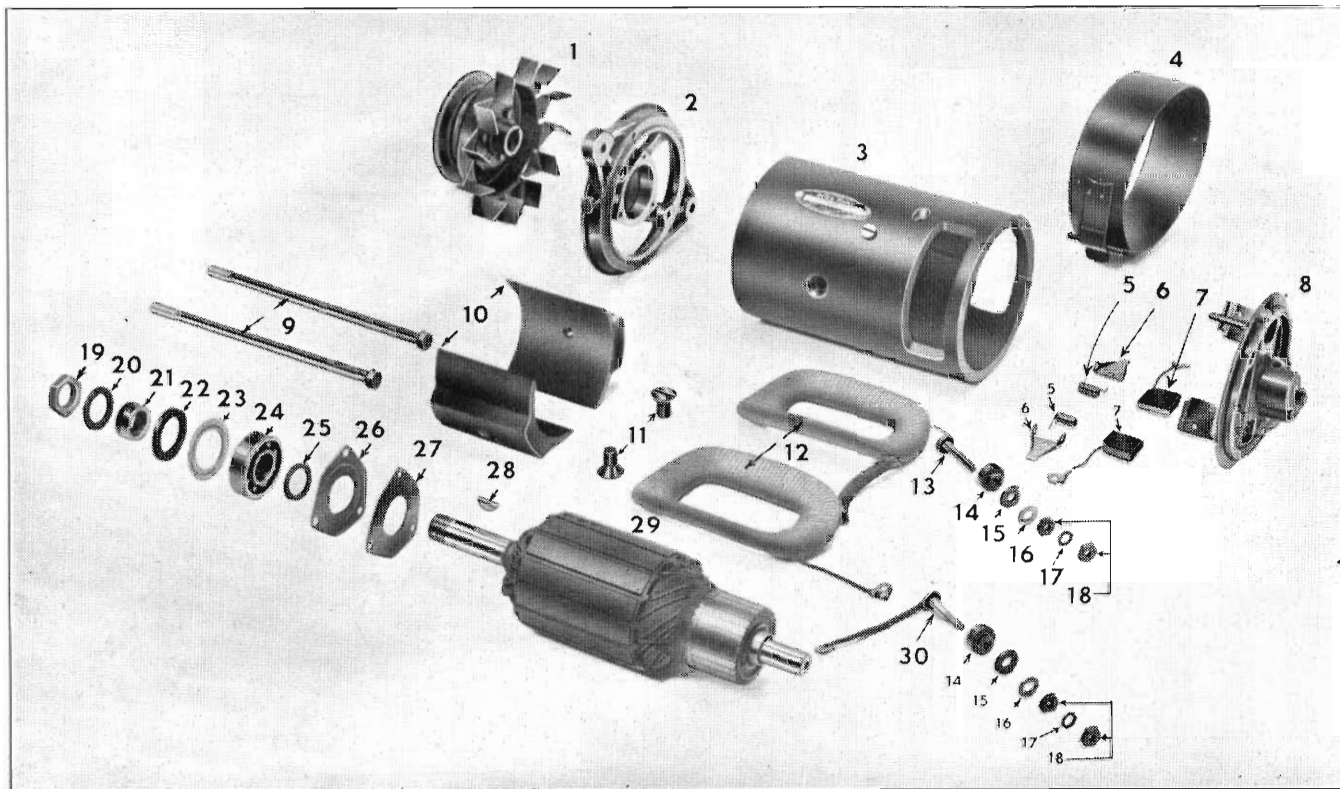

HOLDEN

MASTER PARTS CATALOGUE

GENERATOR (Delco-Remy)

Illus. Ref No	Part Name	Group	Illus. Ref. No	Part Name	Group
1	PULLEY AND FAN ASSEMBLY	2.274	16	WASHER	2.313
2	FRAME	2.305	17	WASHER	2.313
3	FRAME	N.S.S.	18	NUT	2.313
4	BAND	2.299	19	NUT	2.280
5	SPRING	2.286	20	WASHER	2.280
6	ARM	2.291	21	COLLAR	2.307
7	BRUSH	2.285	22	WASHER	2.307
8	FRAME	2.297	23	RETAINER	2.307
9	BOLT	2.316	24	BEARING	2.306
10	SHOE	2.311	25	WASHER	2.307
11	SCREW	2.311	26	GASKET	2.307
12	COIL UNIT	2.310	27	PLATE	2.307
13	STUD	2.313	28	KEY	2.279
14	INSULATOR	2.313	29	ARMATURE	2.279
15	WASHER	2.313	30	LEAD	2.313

**TASK TO COMPLETE**. Everything in the preceding material must be transcribed exactly, except the images.

**ANSWER**.
HOLDEN

MASTER PARTS CATALOGUE

GENERATOR (Delco-Remy)

Illus. Ref No	Part Name	Group	Illus. Ref. No	Part Name	Group
1	PULLEY AND FAN ASSEMBLY	2.274	16	WASHER	2.313
2	FRAME	2.305	17	WASHER	2.313
3	FRAME	N.S.S.	18	NUT	2.313
4	BAND	2.299	19	NUT	2.280
5	SPRING	2.286	20	WASHER	2.280
6	ARM	2.291	21	COLLAR	2.307
7	BRUSH	2.285	22	WASHER	2.307
8	FRAME	2.297	23	RETAINER	2.307
9	BOLT	2.316	24	BEARING	2.306
10	SHOE	2.311	25	WASHER	2.307
11	SCREW	2.311	26	GASKET	2.307
12	COIL UNIT	2.310	27	PLATE	2.307
13	STUD	2.313	28	KEY	2.279
14	INSULATOR	2.313	29	ARMATURE	2.279
15	WASHER	2.313	30	LEAD	2.313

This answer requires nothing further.